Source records

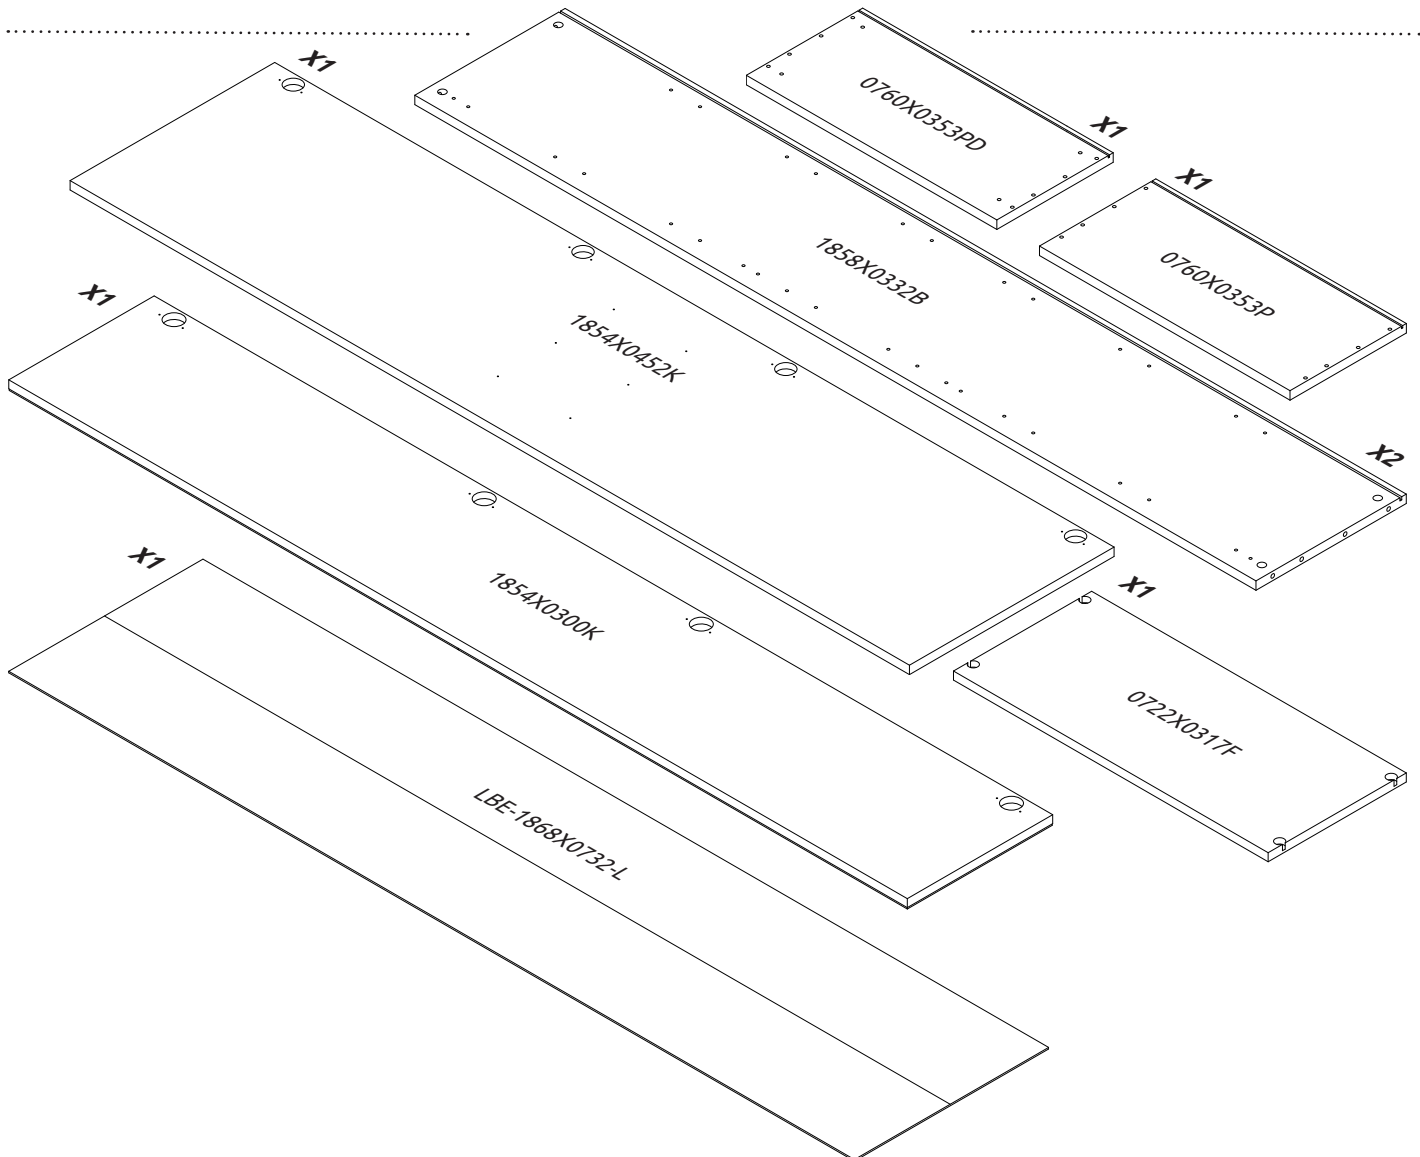

IMPORTANT - READ CAREFULLY - RETAIN FOR FUTURE REFERENCE
WICHTIG - SORGFÄLTIG LESEN UND AUFBEWAHREN

18.10.2021

PIANO-V20G
LHW - 760x1933x353

1

2

3

4

5

■ **TASK OBJECTIVE**
Give back the records above word for word, minus any image they hold.

■ **SOLUTION TO THIS PROBLEM**
IMPORTANT - READ CAREFULLY - RETAIN FOR FUTURE REFERENCE
WICHTIG - SORGFÄLTIG LESEN UND AUFBEWAHREN

18.10.2021

PIANO-V20G
LHW - 760x1933x353

1

2

3

4

5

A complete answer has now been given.